● TASK
Look below for the line containing "Label & label location" and the line containing "FCC ID:2ATM73604V2"; repeat exactly those two lines and all lines between them, and nothing else.

● RECORDS TO USE
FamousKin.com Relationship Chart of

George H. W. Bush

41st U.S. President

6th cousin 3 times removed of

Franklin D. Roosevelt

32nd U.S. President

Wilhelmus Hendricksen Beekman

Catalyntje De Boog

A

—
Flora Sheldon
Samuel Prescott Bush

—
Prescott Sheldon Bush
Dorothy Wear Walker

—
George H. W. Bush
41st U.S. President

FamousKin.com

---

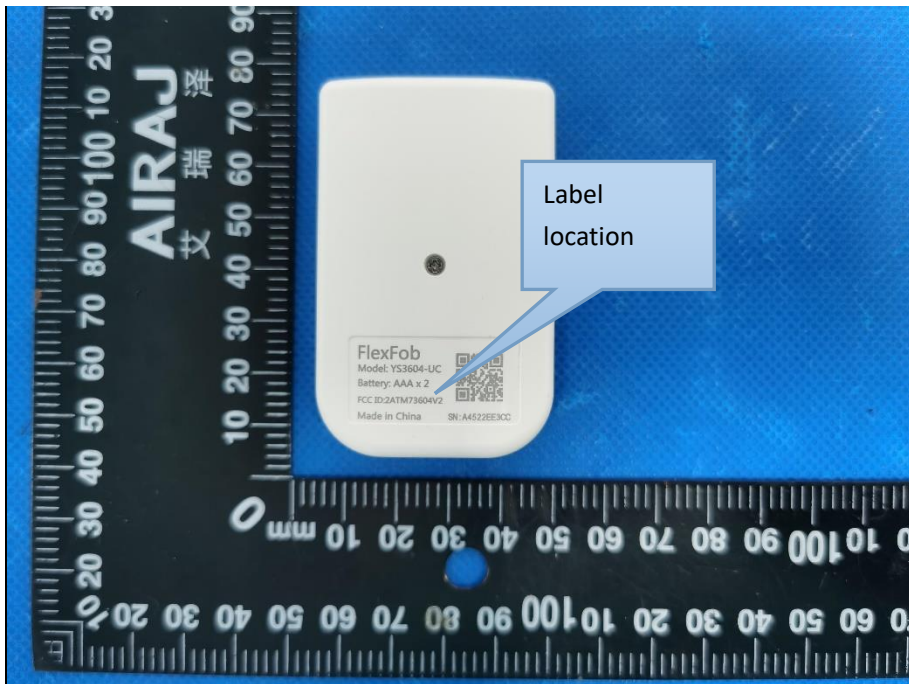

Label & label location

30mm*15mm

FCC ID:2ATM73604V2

● EXPECTED OUTPUT
Label & label location

30mm*15mm

FCC ID:2ATM73604V2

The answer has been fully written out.